Le pari asiatique : 70 % de la fabrication joaillière
L’un des arguments les plus puissants de Basilia est sa connexion asiatique. Alors que 70 % de la fabrication joaillière mondiale est aujourd’hui concentrée en Asie — Chine, Inde, Thaïlande, Vietnam —, force est de constater que Watches and Wonders reste un salon très européen dans sa composition. Basilia entend jouer ce rôle de pont : attirer les grands fabricants asiatiques, les joailliers indépendants et les marques émergentes qui peinent à trouver une vitrine en Europe.
Ce positionnement « discovery » n’est pas anodin. Il répond à une demande croissante des détaillants et des acheteurs internationaux qui cherchent des pépites méconnues, loin des gros standards des manufactures établies. Là où Genève cultive l’hyper-luxe et l’exclusivité, Bâle mise sur la diversité et l’accessibilité.
Un calendrier qui divise et qui unit
Le choix de la date n’a rien d’innocent. En s’intercalant immédiatement après Watches and Wonders, Basilia crée un couloir horloger suisse de près de deux semaines — de début avril à la mi-avril — qui pourrait devenir le rendez-vous annuel incontournable de la profession. Les acheteurs et journalistes déjà présents à Genève n’auront qu’à prolonger leur séjour de deux ou trois jours pour rallier Bâle.
Mais ce chevauchement est aussi un défi logistique et concurrentiel. Les marques devront choisir : certaines feront les deux salons, d’autres devront arbitrer. Les grandes maisons, déjà fidèles à Genève, pourraient bouder Basilia. Les indépendants, les joailliers et les marques asiatiques, en revanche, y verront une opportunité unique.
Analyse : un écosystème horloger à un tournant
Ce que révèle cette bataille des salons, c’est une industrie en pleine mutation. Le modèle unique du grand salon — celui de Baselworld, tout-puissant pendant un siècle — a définitivement vécu. Watches and Wonders s’est imposé comme le nouveau standard du luxe horloger, mais son succès même crée un vide : celui d’une plateforme plus agile, plus diverse, ouverte aux bijoutiers et aux marques intermédiaires.

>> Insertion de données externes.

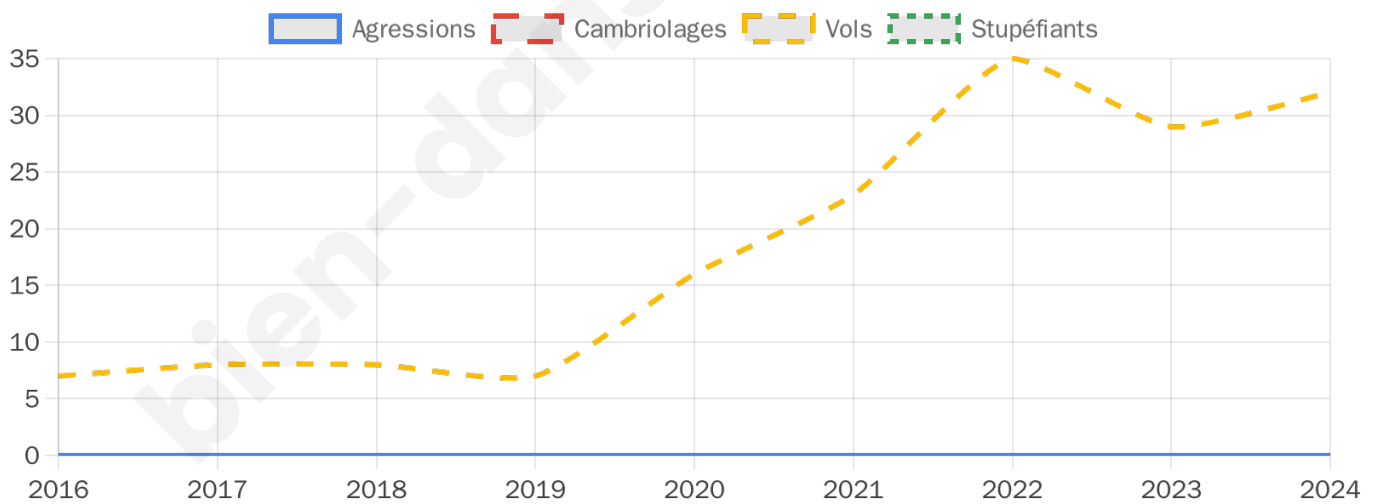

Sécurité

Agressions physiques / sexuelles

0

Cambriolages

0

Vols / dégradations

32

Stupéfiants

0

Evolution du nombre d'infractions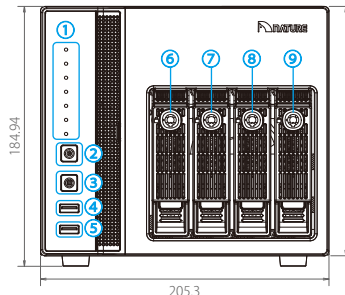

外観図

(単位: mm)

【正面図】

【背面図】

各部の名称

- LEDランプ: LAN、eSATA、HDD1~4
- 電源ボタン
- USBバックアップボタン
- USB2.0ポート ×1
- USB.0ポート ×1
- HDD1
- HDD2
- HDD3
- HDD4
- Gigabit LANポート ×2
- USB2.0ポート ×4
- eSATAポート ×2
- VGAポート
- HDMIポート
- DI/DO (4 in 2 out)
- リセットボタン
- 電源ケーブル接続コネクタ
- K-LOCKセキュリティスロット

Basilia n’est pas un concurrent frontal de Watches and Wonders. C’est son complément — voire son correctif. Là où Genève verrouille l’entrée par le prestige, Bâle ouvre les portes par la découverte. Cette complémentarité, si elle est bien gérée, pourrait donner naissance à un écosystème à deux vitesses qui servira enfin l’ensemble de la filière — des plus grandes manufactures aux artisans les plus confidentiels.
La véritable gagnante de cette nouvelle guerre des salons, quoi qu’il arrive, reste la Suisse horlogère. Car dans ce duel entre Genève et Bâle, c’est toute l’industrie qui retrouve une scène mondiale à la mesure de son rayonnement. Et pour le collectionneur comme pour le professionnel, cette abondance de rendez-vous est une chance — à condition que la qualité suive, ce que les deux camps semblent avoir bien compris.